Anne, a daughter of James II., but a partisan of William, succeeded him
in 1702 at the age of thirty-seven; she was herself governed by the
Marlboroughs and Mrs. Mashamam--an intelligent woman of humble birth, who
became keeper of her majesty's privy purse. The war which the queen
inherited, and which was called by her name, lasted till the final year of
her reign. Only New England on the north and Carolina on the south were
participants in the fray on this side, and no great glory or advantage
accrued to either. New York was sheltered by the neutrality of the Five
Nations, and Pennsylvania, Virginia and the rest were beyond the reach of
French operations.

The force raised by South Carolina to capture St. Augustine had expected
to receive cannon for the siege from Jamaica; but the cannon failed them,
and they retreated with nothing to show but a debt which they liquidated
in paper. They had better luck with an expedition to sever the Spanish
line of communication with Louisiana; the Spanish and Indians were beaten
in December, 1705, and the neighboring inhabitants along the Gulf
emigrated to South Carolina. Then the French set out to take Charleston;
but the Huguenots were mindful of St. Bartholomew and of the revocation of
the Edict of Nantes, and they set upon the invaders when they landed, and
slew three out of every eight of them. The South Carolinians were let
alone thereafter.

In the north, the French secured the neutrality of the Senecas, but the
English failed to do the like with the Abenakis, and the massacring season
set in with marked severity on the Maine border in the summer of 1703. It
was in the ensuing winter that the Deerfield affair took place; the
crusted snow was so deep that it not only gave the French and Indian war
party good walking down from Canada, but enabled them to mount up the
drifts against the palisades of the town and leap down inside. The
sentinels were not on guard that morning, though, warned by the Mohawks,
the people had been looking for the attack all winter long. What is to be
said of these tragedies? When we have realized the awful pang in a
mother's heart, wakened from sleep by that shrill, triumphant yell of the
Indian, and knowing that in a moment she will see her children's faces
covered with the blood and brains from their crushed skulls, we shall have
nothing more to learn from Indian warfare. How many mothers felt that pang
in the pale dawn of that frosty morning in Deerfield? After the war party
had done the work, and departed exulting with their captives, how many
motionless corpses, in what ghastly attitudes, lay huddled in the darksome
rooms of the little houses, or were tossed upon the trodden snow without,
the looks of mortal agony frozen on their features? But you will hear the
howl of the wolves by-and-by; and the black bear will come shuffling and
sniffing through the broken doors; and when the frightful feast is over,
there will be, in place of these poses of death, only disordered heaps of
gnawed bones, and shreds of garments rent asunder, and the grin of
half-eaten skulls. Nothing else remains of a happy and innocent community.
Why were they killed? Had they harmed their killers? Was any military
advantage gained by their death?--They had harmed no one, and nothing was
gained, or pretended to be gained, by their murder: nothing except to
establish the principle that, since two countries in Europe were at war,
those emigrants of theirs who had voyaged hither in quest of peace and
happiness should lie in wait to destroy one another. Human sympathies
have, sometimes, strange ways of avouching themselves.

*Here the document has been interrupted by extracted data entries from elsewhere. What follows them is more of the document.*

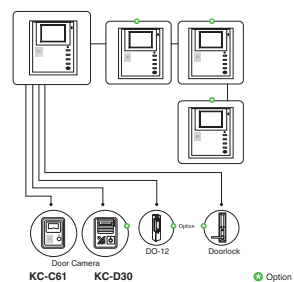

Video Phone

Multi-Entry System / Hands Free Type
B/W Type / Memory Type

Multi-Entry System Home Videophone

Normal Lens Type Common gate camera

- Ⓒ KLP-C100(Color) / 100(B/W) Ⓓ KLP-C104(Color) / 104(B/W)
- Ⓔ KLP-C108(Color) / 108(B/W) Ⓕ KLP-C112(Color) / 112(B/W)

Pinhole Lens Type Common gate camera

- Ⓒ KLP-P100(B/W) Ⓓ KLP-P104(B/W)
- Ⓔ KLP-P108(B/W) Ⓕ KLP-P112(B/W)

[Accessory]

- Ⓒ Audio handset KIP-603
- Ⓓ Guard master KIP-120
- Ⓔ Sunvisor KLP-SV50
- Ⓕ Name index KLP-N150

Hands Free Type Home Videophone

Hands Free Type KIV-202 / D202

- 4" TFT LCD Color Handsfree VDP
- For single house & multi apartment
- Internal call & conversation function between extended indoor units in a house
- Door open (front door & common gate) function
- KIV-202 : AC type / KIV-D202 : DC type
- 2 Camera connection (front door camera)

Hands Free Type KIV-102 / D102

- 4" CRT B/W Handsfree VDP
- For single house & multi apartment
- Internal call & conversation function between extended indoor units in a house
- Door open (front door & common gate) function
- KIV-102 : AC type / KIV-D102 : DC type
- 2 Camera connection (front door camera)

B/W Type Home Videophone

B/W Type Phone KVM-520

- 4" CRT B/W VDP
- For single house & multi apartment
- Internal call & conversation function between extended indoor units in a house
- Door open (common gate) function

Memory & B/W Type Home Videophone

Memory Type Phone KVM-524RG / 514RG

- 4" CRT B/W VDP
- 64 cut memory VDP
- Internal call & conversation function between extended indoor units in a house
- Door open function
- KVM-524RG : AC type, KVM-514RG : DC type
- 2 Camera connection

Hands Free Type Home Videophone

Hands Free Type Phone KCV-350 / D350
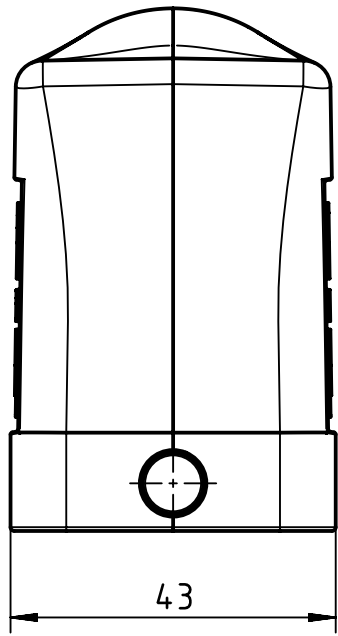

1 2 3 4 5 6

A

B

C

D

	All Dimensions in mm Original Size DIN A4		Scale 1:1	Free size tol.		Ref.
			Created by SPRENB	Inspected by GERB	Standardisation RUETERA	Sub.
All rights reserved Department EL PD		HARTING Electric GmbH & Co. KG D-32339 Espelkamp		Title Han B Hood Side Entry LC 2 Reels PG 21		Date 2020-01-06
				State Final Release		Doc-Key / ECM-Nr. 100181593/UGD/004/D 500000163000
				Type TB	Number 09 30 016 1540	Rev. D
						Page 1/1
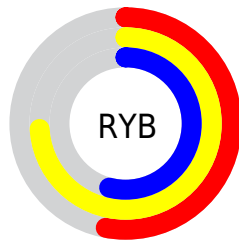

- Red (53%)
- Yellow (74%)
- Blue (54%)
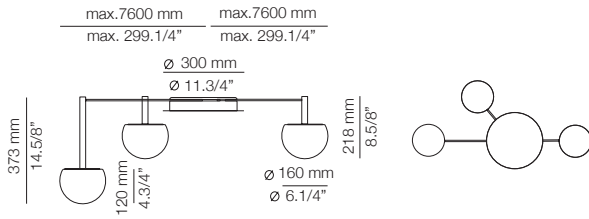

CIRC

R30.2S1M - WITH SURFACE CANOPY

Composition includes:

- 1 round canopy 113815263
- 2 units of t-3820C
- 1 unit of t-3821C
- 1 driver 671000034

FINISHES / ACABADOS

Canopy: 26 BLK
Body: 26 BLK

EURO €

992

R12.2S1M - WITH RECESSED CANOPY
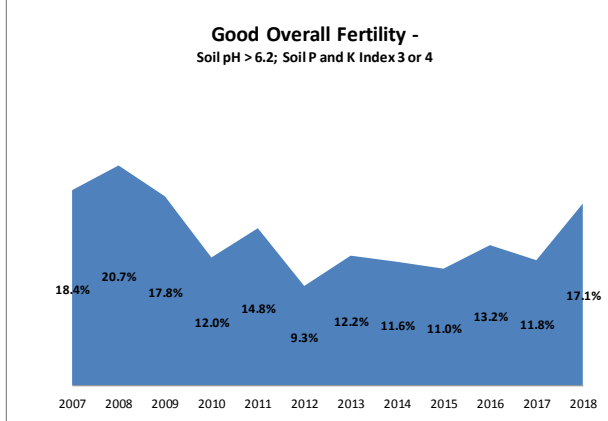

Soil Analysis Status and Trends

County	Galway
Year	2018
Enterprise	All Farms
Number of Samples	2,605

County	Galway
Year	2018
Enterprise	Dairy
Number of Samples	630

Soil Analysis Status and Trends

County	Galway
Year	2018
Enterprise	Drystock
Number of Samples	1,934
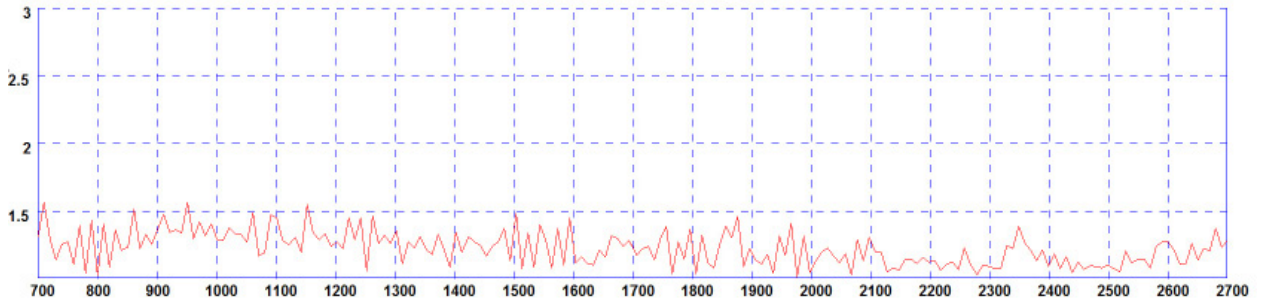

The antenna is ground plane independent, and maintains a high level of performance even when mounted on a non-metallic surface.

		Specification
PART NO.		6001123
ELECTRICAL DATA		
Frequency Rang	Elements 1 & 2	698-960 / 1700-2700MHz
Operational Bands	Elements 1 & 2	2G/3G/4G LTE
Peak gain: Isotropic	Elements 1 & 2	698-960MHz 2.3dBi
		1710-2700MHz 5dBi
Isolation*	Elements 1 & 2	> 15dB
Correlation Co-efficient		< 0.1
Polarisation		Vertical
Impedance		50Ω
Max Input Power		25W
MECHANICAL DATA		
Dimensions	Height	62 mm (2.4")
	Diameter	176 mm (6.7")
Operating Temp		-22° / 176°F (-30° / +80°C)
Material		ASA & Diecast Aluminum
Colour		White
Ingress Protection		IP66
Weight		1282g
MOUNTING DATA		
Mounting Type		Bolt Mount
Mounting hole		19mm (3/4")
CABLE DATA		
Cell / LTE Cables	Type	CS29
	Length	5m (16ft)
	Termination	SMA Plug

*Measured with 5m (17') of CS29 cable

TECHNICAL DRAWING

VSWR

Typical VSWR (Elements 1 & 2)*

* VSWR measured with 5m (16') of cable.

Typical Isolation (elements 1 & 2)*

* Isolation measured without a groundplane
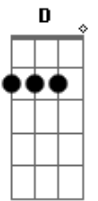

© ukulele-chords.com
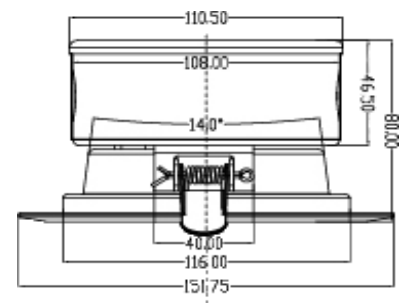

#### DIMENSIONS

## SPECIFICATIONS

Ordering Information

Sample Catalog No.: C074-DCR-5F-12W-27K-WH

Model No.	Wattage	LED type	Beam $\angle$	Lumens	Dimensions ( $\phi$ /W*H)	Input V	CCT. (K)	Dimmable	Lifespan (hrs)
C074-DCR-5F-12	12	EPISTAR	110°	960	$\phi$ 5.12"/5.97"*3.15"	110-277	2700-3200-4000-4500-5700-6200	Yes	50,000
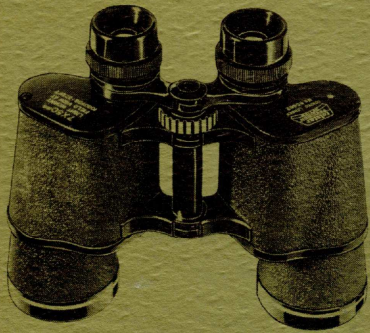

REG. PRICE \$59.95 — OUR PRICE \$29.95

TASCO #9502 TABLE TOP MAGNIFIER 10X

REG. \$1.50
OUR \$1.00

TASCO #9501 SHIRT POCKET TELESCOPE 8X

REG. \$2.95
OUR \$2.00

TELSTAR BINOCULAR

7 X 35 ZCF
Excellent for vacationing; Good for all other types of viewing.

REG. \$22.95
OUR \$18.95

7 X 50 ZCF
Excellent for all types of viewing; Good for indoor sports.

REG. \$28.95
OUR \$21.95

10 X 50 ZCF
Excellent for hunting, races, bird watching; Good for all other types of viewing.
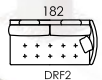

Bolero

Enjoy the new design
made in Spain

fama

www.fama.es

People become accustomed even to massacre. But the children born in these
years, who were themselves to be the fathers and mothers of the generation
of the Revolution, must have sucked in stern and fierce qualities with the
milk from their mothers' breasts. No one, even in the midst of
Massachusetts, was safe during that first decade of the Eighteenth
Century. A single Indian, in search of glory, would spend weeks in
creeping southward from the far border; he would await his chance long and
patiently; he would leap out, and strike, and vanish again, leaving that
silent horror behind him. Such deeds, and the constant possibility of
them, left their mark upon the whole population. They grew up familiar
with violent death in its most terrible forms. The effect of Indian
warfare upon the natures of those who engage in it, or are subjected to
its perils, is different from that of what we must call civilized
fighting. The end as well as the aim of the Indian's battle is death--a
scalp. Murder for the mere pleasure of murdering has an influence upon a
community far more sinister than that of death by war waged for
recognizable causes. The Puritans of the Eighteenth Century were another
people than those of the Seventeenth. There had been reason in the early
Indian struggles, when the savages might have hoped to exterminate the
settlers and leave their wilderness a wilderness once more; but there
could be no such hope now. The desire for revenge was awakened and
fostered as it had never been before. Many other circumstances combined to
modify the character of the people of New England during this century; but
perhaps this new capacity for revenge was not the least potent of the
influences that made the seven years of the Revolution possible.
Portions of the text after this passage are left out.